The correlation of each awareness data variable witht the carbon dioxide emission in 2014

In [None]:
corrs_2014 = State_Awareness_CO2_2014.corr()
corrs_2014[[2014]]

### Visualizing the correlation in 2014
1. A scatter point of the correlation between "the awareness of whether climate change is happening" and "the carbon dioxide emission" in 2014 

In [None]:
x = State_Awareness_CO2_2014[2014]
y = State_Awareness_CO2_2014['happening']
types = State_Awareness_CO2_2014['State']

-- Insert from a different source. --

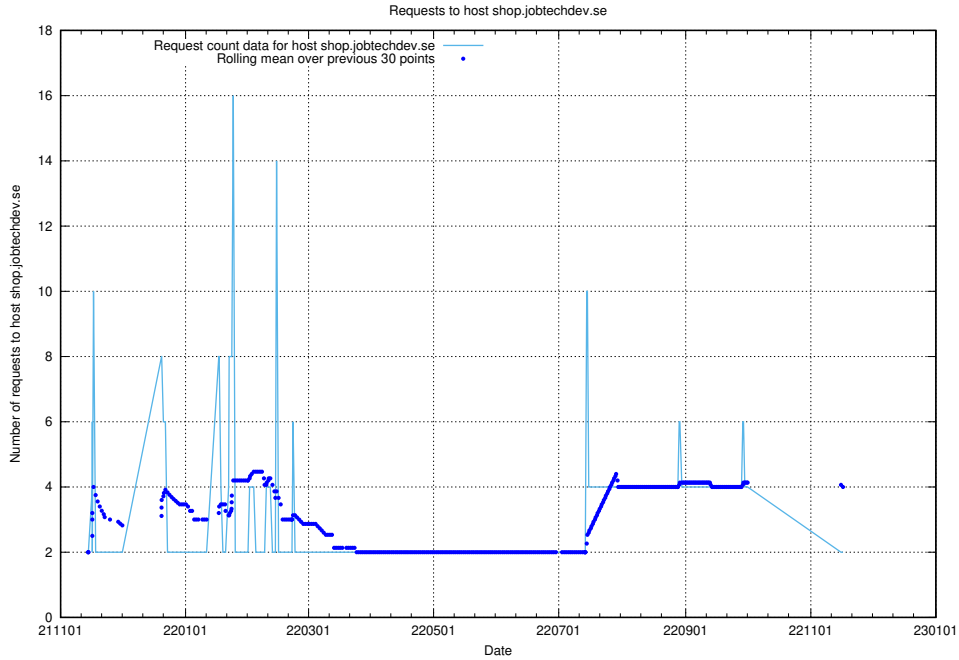

7.568 Usage of shop.jobtechdev.se

Here, we count the number of requests to host shop.jobtechdev.se.

7.569 Usage of office.jobtechdev.se

Here, we count the number of requests to host office.jobtechdev.se.

for i,j in enumerate(types):
    x_coor = x[i]
    y_coor = y[i]
    plt.plot(x_coor, y_coor, marker = '.', color = 'red', markersize = 20)
    plt.text(x_coor + 0.5, y_coor + 0.5, j, fontsize = 20)
    plt.xlabel('2016 year emission in state', fontsize = 30)
    plt.ylabel('Awareness: happening', fontsize = 30)

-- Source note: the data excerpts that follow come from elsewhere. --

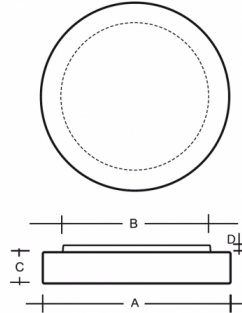

ZERO S24.K1.Z280.Y

**Type:** ceiling and wall lamp

**Lampshade:** white, hand-blown, three-layered glass, satin opal matt

**Light body:** white painted steel plate

W	K	Module luminous flux lm	Luminaire luminous flux lm	A	B	C	D	DALI 2	Motion sensor	Emergency module	Bluetooth	Track system	Weight
12,5	3000	1691	1318	280	240	70	20	M	-	-	Q*	-	2100

**Luminaire luminous flux:** 1318 lm

**A:** 280 mm

**B:** 240 mm

**C:** 70 mm

**D:** 20 mm

**Dali 2:** Available

**Motion sensor:** Not available

**Emergency module:** Not available
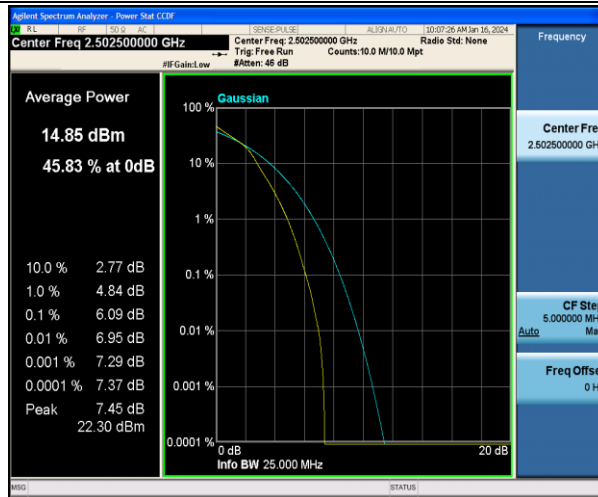

Band7-5MHz-QPSK-20775-25RB#0-PASS

Band7-5MHz-16QAM-20775-25RB#0-PASS

## adjust the size of the size
plt.gcf().set_size_inches((30, 20))
plt.show()

2. A scatter point of the correlation between "the awareness of whether human causeses climate change " and "the carbon dioxide emission" in 2014 

In [None]:
x = State_Awareness_CO2_2014[2014]
y = State_Awareness_CO2_2014['human']
types = State_Awareness_CO2_2014['State']

for i,j in enumerate(types):
    x_coor = x[i]
    y_coor = y[i]
    plt.plot(x_coor, y_coor, marker = '.', color = 'red', markersize = 20)
    plt.text(x_coor + 0.5, y_coor + 0.5, j, fontsize = 20)
    plt.xlabel('2016 year emission in state', fontsize = 30)
    plt.ylabel('Awareness: human', fontsize = 30)

## adjust the size of the size
plt.gcf().set_size_inches((30, 20))
plt.show()

3. A scatter point of the correlation between "the awareness of whether people worry about climate change" and "the carbon dioxide emission" in 2014 

In [None]:
3. A scatter point of the correlation between "the awareness of whether people worry about climate change" and "the carbon dioxide emission" in 2014 x = State_Awareness_CO2_2014[2014]
y = State_Awareness_CO2_2014['worried']
types = State_Awareness_CO2_2014['State']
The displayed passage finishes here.